Number of breaches by covered entity types
This visualization shows the number of breaches by covered entity. We see that healthcare provider is the main target of data breaches.
Which day of the week are breaches reported the most?
This code is looking at which day of the week breaches are most common. In R, 1 is Sunday, 2 is Monday, etc. We are given an output of 6, which means the most common day of the week that breaches are reported on is Friday.
In which year (or years) were there at least 50 breaches from a ‘Business Associate’ covered entity type and at least 150 breaches from a healthcare provider covered entity type?
We are trying to find the years that include both 50 or more breaches from a business associate and 150 or more breaches from a healthcare provider. We see that those years are 2013 and 2014.
| Year |
|---|
| 2013 |
| 2014 |
How has the type of breach (hacking, improper disposal, loss, etc.) changed for each year?
We want to see how the number of breaches by type has changed from 2009 to 2018. I summarized the sum of each of the dummy variables for each of the type of breaches. I also grouped by year to show each individual year and to show the change over time for each type of breach.
| Year | Hacks by year | Disposals by year | Unauthorized Access by year | Theft by year | Loss by year | Unknown by year |
|---|---|---|---|---|---|---|
| 2009 | 0 | 0 | 0 | 15 | 1 | 0 |
| 2010 | 8 | 10 | 10 | 135 | 20 | 0 |
| 2011 | 17 | 7 | 34 | 122 | 18 | 7 |
| 2012 | 17 | 8 | 40 | 124 | 20 | 2 |
| 2013 | 27 | 13 | 73 | 131 | 24 | 3 |
| 2014 | 37 | 11 | 98 | 111 | 30 | 1 |
| 2015 | 25 | 6 | 80 | 64 | 23 | 0 |
| 2016 | 71 | 7 | 96 | 46 | 12 | 0 |
| 2017 | 32 | 4 | 43 | 17 | 9 | 0 |
| 2018 | 0 | 0 | 1 | 0 | 0 | 0 |
How many individuals affected in Michigan?
Being born and raised in Michigan, I wanted to know how many people were impacted by data breaches by year in Michigan. I think the most interesting output from this function is how large of an out liar 2010 is, as it is about 5 times more than the next closest year. I would like to look into the dataset to see what company was responsible for that breach and how it occurred.

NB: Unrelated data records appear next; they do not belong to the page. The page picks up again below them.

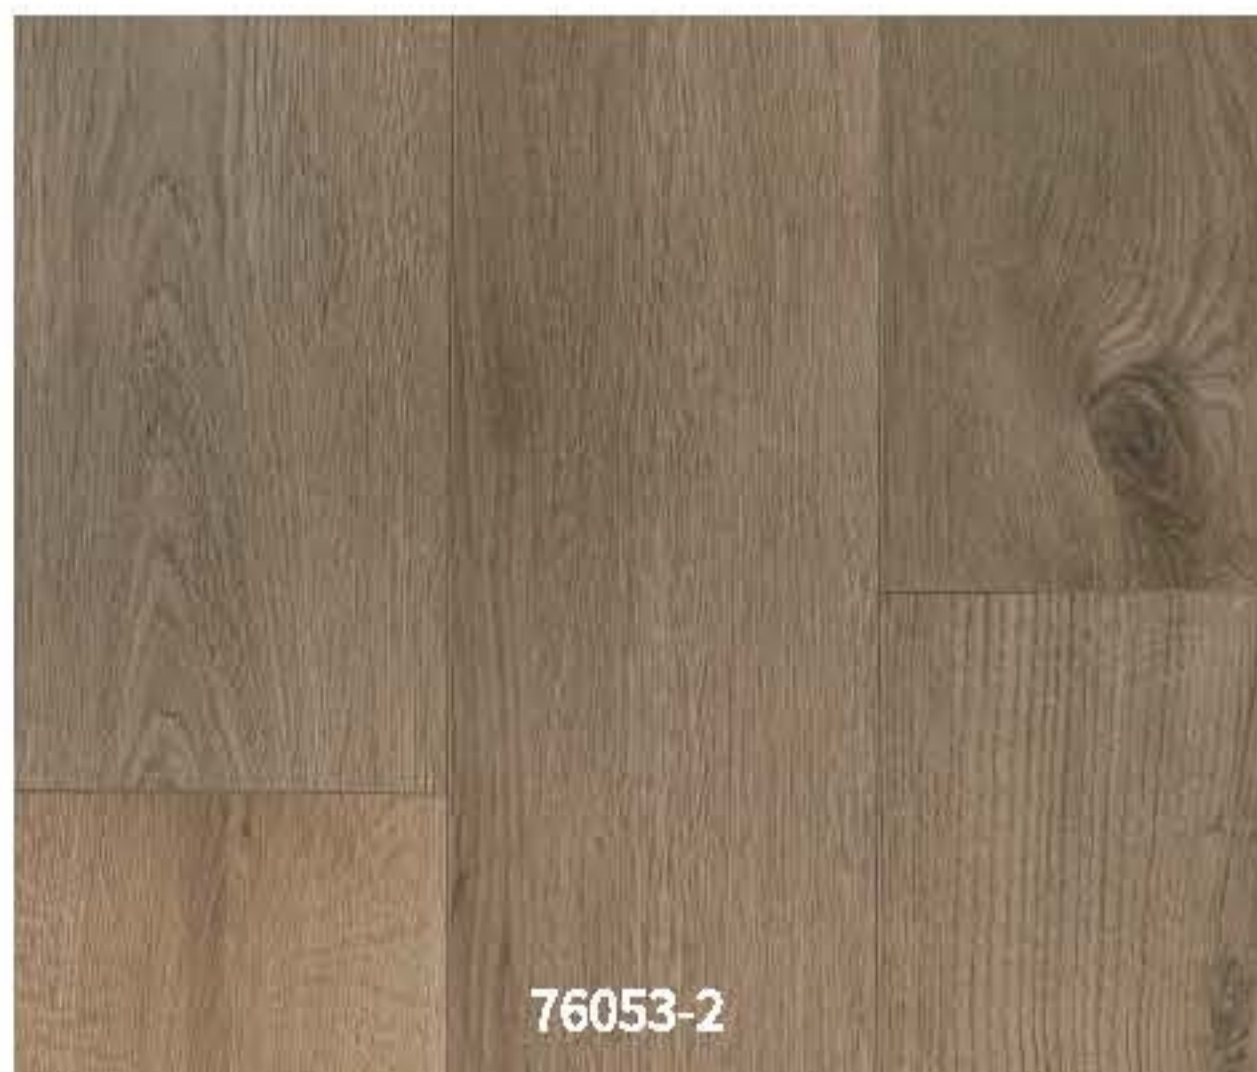

CARSEM
New Materials

The great wall

Beautiful wood design, 3m2 no repetition, full of wood character with a wonderful realistic look and feel. A floor is what you call a natural beauty, even in a kitchen and bathroom, as the planks are water resistant. And what's more: it's stronger than ever.

Specifications

Construction	Water-resistant Laminate
Applicable place	Indoor
Gloss	Ultramatt
Length	1215mm / 2250mm
Width	195mm / 238mm
Thickness	8mm / 10mm / 12mm
Installation method	Floating

Technical detail

Surface	EIR
Class	AC2,AC3,AC4,AC5,AC6
Air Quality	E0
Edges	4 sided V-groove
Click	2G/5G
Domestic Warranty	25 years
Commercial Warranty	5 years
Floor heating or cooling	Compatible with heating/cooling

76053-6

| State | Year | Total Individuals Affected in MI |
|---|---|---|
| MI | 2009 | 10646 |
| MI | 2010 | 110493 |
| MI | 2011 | 21440 |
| MI | 2012 | 11661 |
| MI | 2013 | 7894 |
| MI | 2014 | 22633 |
| MI | 2015 | 9157 |
| MI | 2016 | 8913 |
| MI | 2017 | 10329 |
Total healthcare records exposed by state for the bottom 5 states
One of the questions in the assignment was to list the top 10 states affected from data breaches. In contrast, I wanted to know the bottom five states affected from data breaches. We see that those states are Maine, Delaware, Alaska, Vermont and Hawaii. To my surprise, Hawaii and Alaska are much higher than the other states listed. It may be due to those states being secluded from mainland USA and operating their own entities.